Governments and funders as sources of money in scientific and scholarly publishing — where it might come from, the economic and social prices it might impose, and the way it is being wielded — will be the subject of tomorrow’s post.
3 Thoughts on "New Players, New Priorities — Part 2: The Problematic Role of Funders"
Nobody loves Robert Maxwell but one good thing he did was to take payment out of publishing, simply by starting loads of journals with no author charges. The market was forced to follow his lead. Now author charges are on their way back, as part of OA. How is this a good thing? As well as the subtle corruptions the article alludes to, author charges are already calling into existence predatory publishers; how far up the chain of respectability will the tendency to publish a marginal paper which has fees attached, rather than reject it, go? To what extent will researchers, who formerly could publish wherever they liked or wherever they were able to get published, find themselves directed to ‘approved’ publications which might not be their first choice, or which might not be keen to publish their work? ‘Approved’ by whom, and on what basis? That OA is one answer (but by no means the only one) to the scholarly communications crisis is an argument that has some merit; that APCs are the mechanism which will make OA work is possible, but likely to call into existence a different crisis at some point: scholarly communication will have become affordable but irredemiably corrupted.

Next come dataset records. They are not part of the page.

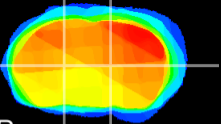

Coronal

Sagittal-R

Sagittal-L

ViBriSM: CX14311
Horizontal

VA/VL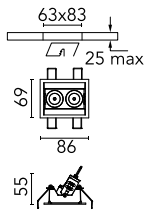

Light Shadow Adjustable Trim 2 Spots Optic Wide Flood

03.7301.40A - White/Black

Recessed integrated luminaire with 2 LED lighting spots. Remote power supply included (220-240V).

Main specifications

Number of heads	1	Net lumen (lm)	443
Lamp category	LED	Mountings	Ceiling recessed
Power (W)	5.4W	Environment	Indoor dry location
CCT (K)	2700K		
CRI	90		

Optical

Lighting type	Direct
LED type	Power LED
Light distribution	Symmetric
Optical type	Wide flood
Beam angle (°)	46
Beam angle C90-270 (°)	46

Beam Angle:	46°		
h(m)	E(lx)	D(m)	
1	841	0.84	
2	210	1.69	
3	93	2.53	
4	53	3.38	
5	34	4.22	

Luminous flux luminaire
443 lm (EXTREME CUT OFF)

Electrical

Frequency (Hz)	50/60	Insulation class	II
Voltage (V)	220.00		
Dimmable	No		
Driver	Remote included		
Emergency	Without		

Physical

Color	White/Black	Tilt (°)	30
Orientation	Adjustable	Length (mm)	86
Trim	yes		
Recessed depth (mm)	150		
Weight (kg)	0.25		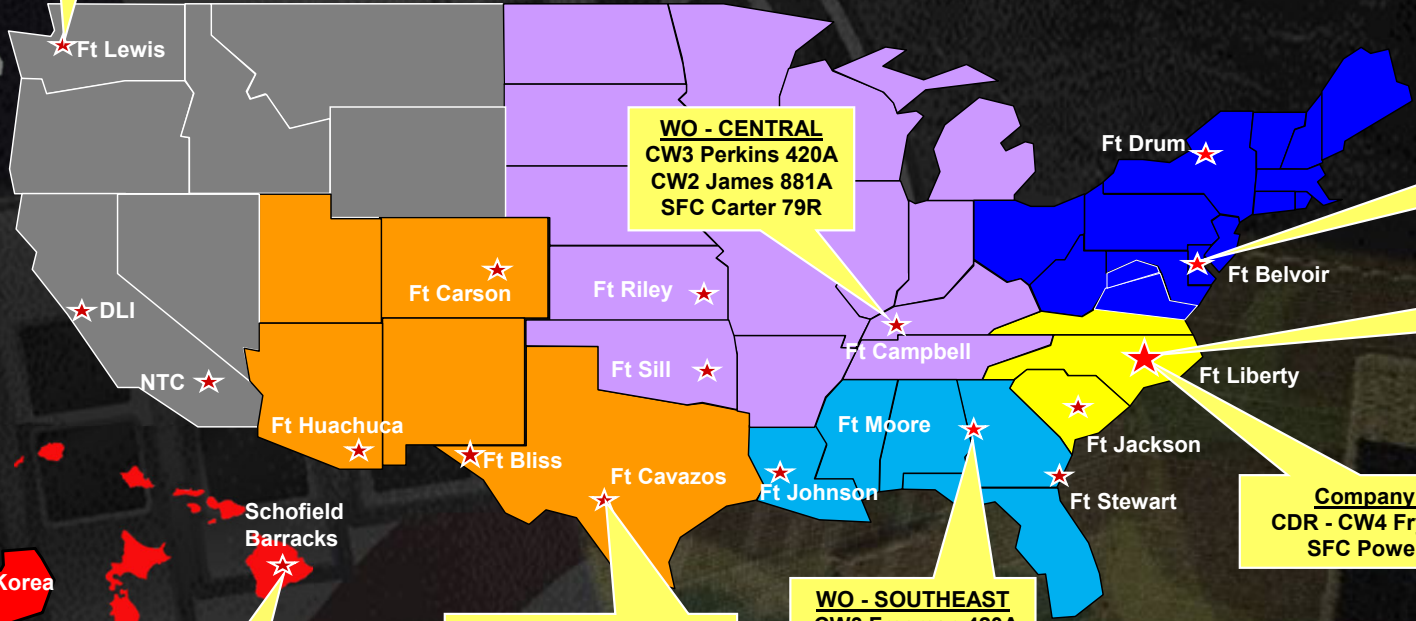

# Warrant Officer Recruiting Company

**WO - WEST**  
SFC Lermey 79R  
SFC Wold 25H  
SSG Bado 91C

**WO - CENTRAL**  
CW3 Perkins 420A  
CW2 James 881A  
SFC Carter 79R

**WO - NORTHEAST**  
CW5 Nettles 948E  
SFC Walker 79R

**WO - EAST**  
SFC Paige 35L  
SSG Rotz 35F

**Company HQ**  
CDR - CW4 Frye 120A  
SFC Powe 79R

**WO - SOUTHEAST**  
CW3 Freeman 420A  
SSG Simms 79R

**WO - SOUTHWEST**  
CW3 Polite 120A  
1SG - 1SG Pusateri 79R  
SFC Robinson 79R  
SSG Wahl 42A

**WO - PACOM**  
CW3 Meyers 913A  
SFC Cantrell 79R

**WO - EUCOM**  
CW3 Rowe 153A  
SFC Greenwood 79R

UNCLASSIFIED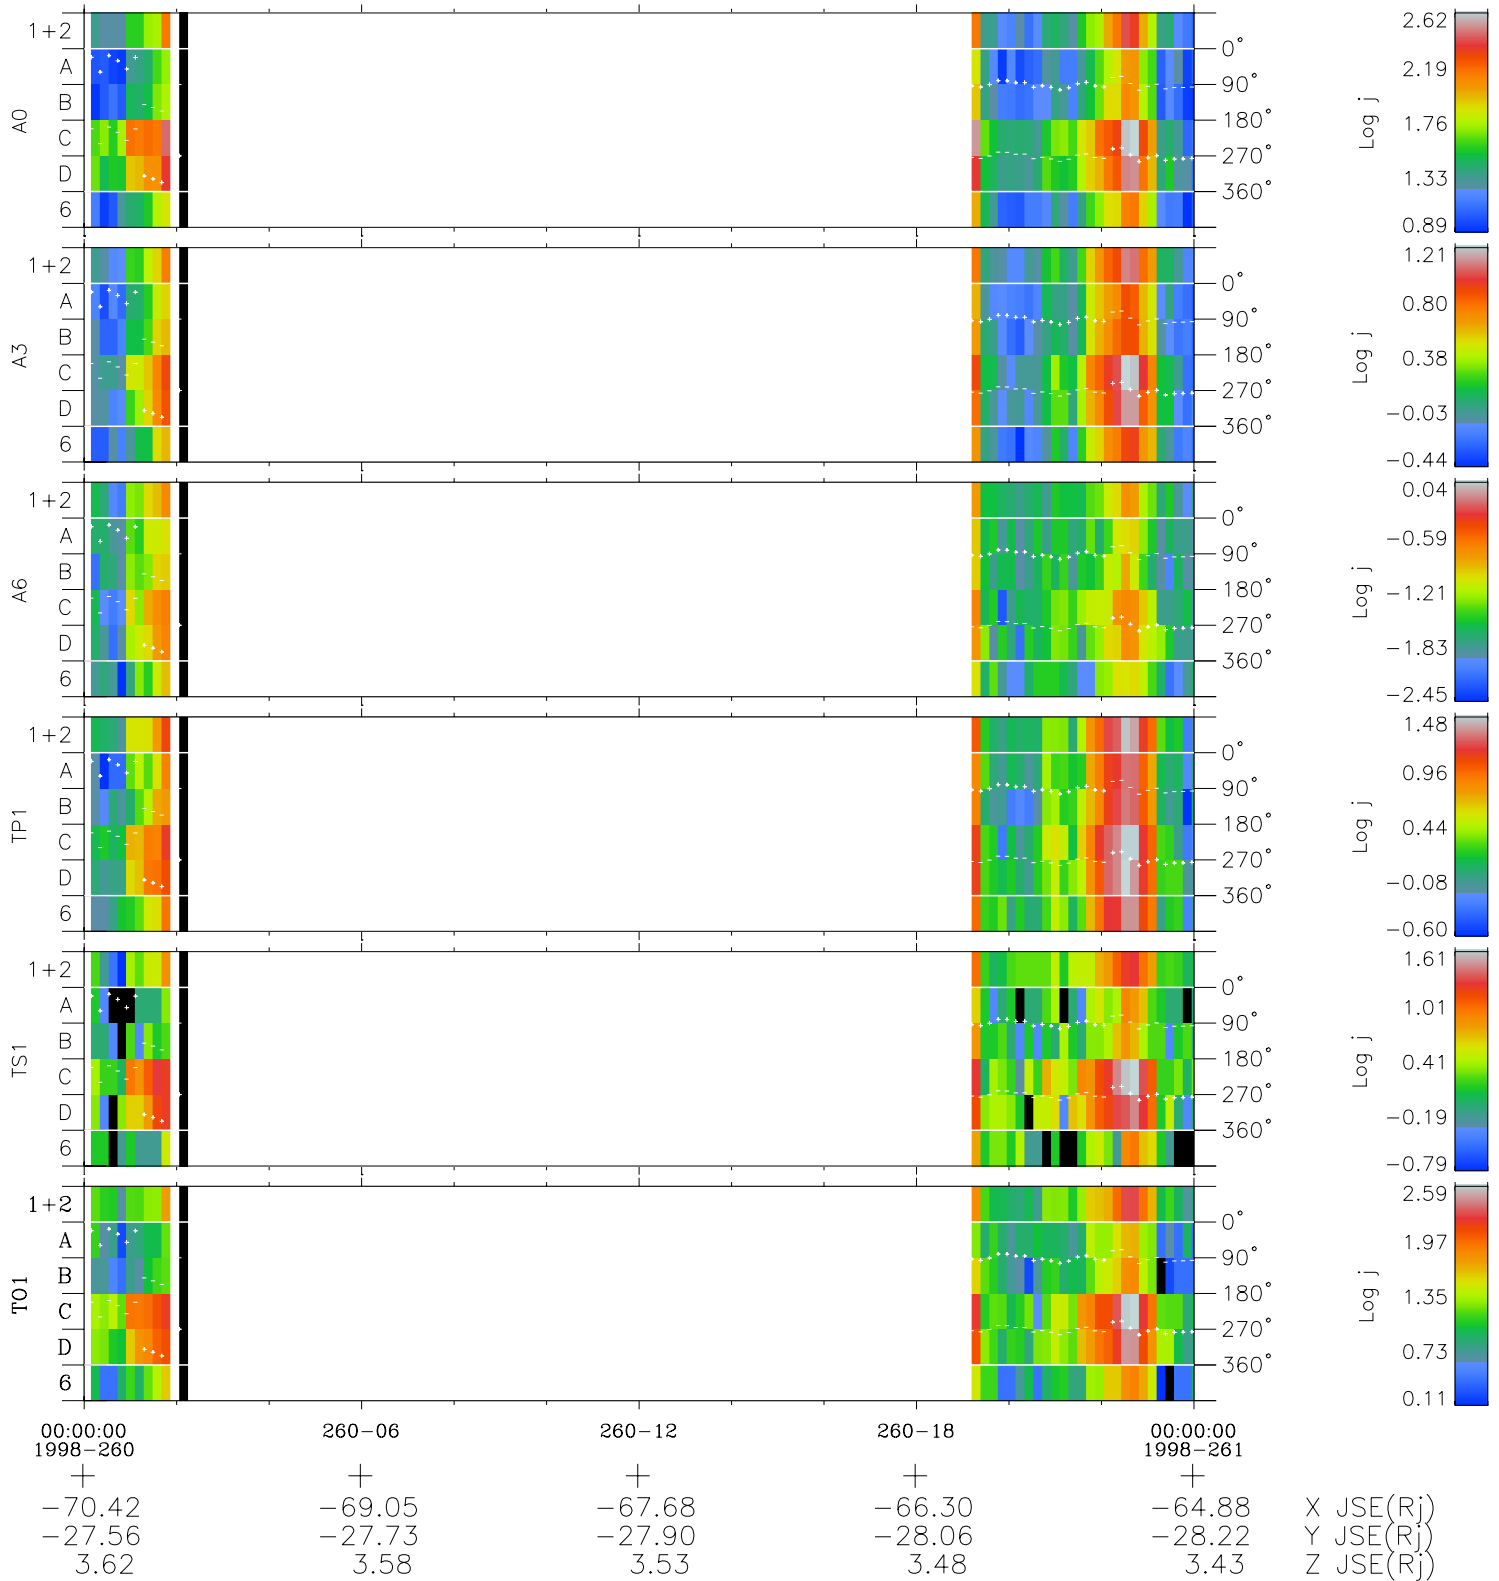

# Galileo EPD Real Time Azimuth Anisotropies 98260

Software Version: RTAZIM\_FLUX V 1.20  
Data Production: 06-03-00  
Plot Production: Sun Sep 16 14:53:55 2001  
Color File: wondr3  
Geofactor File: 1.1

- ◇ = Jupiter look direction
- = Corotation look direction

Some of those who advocate OA also call for a different kind of peer-review system, emphasizing post-publication peer review more than pre-publication. But one wonders how susceptible that kind of system might be to corrupt practices also. Just think of how reviews on Amazon are now written frequently by friends of the author. One can imagine that funders might pay or otherwise coax “experts” to write positive reviews of published articles in similar fashion.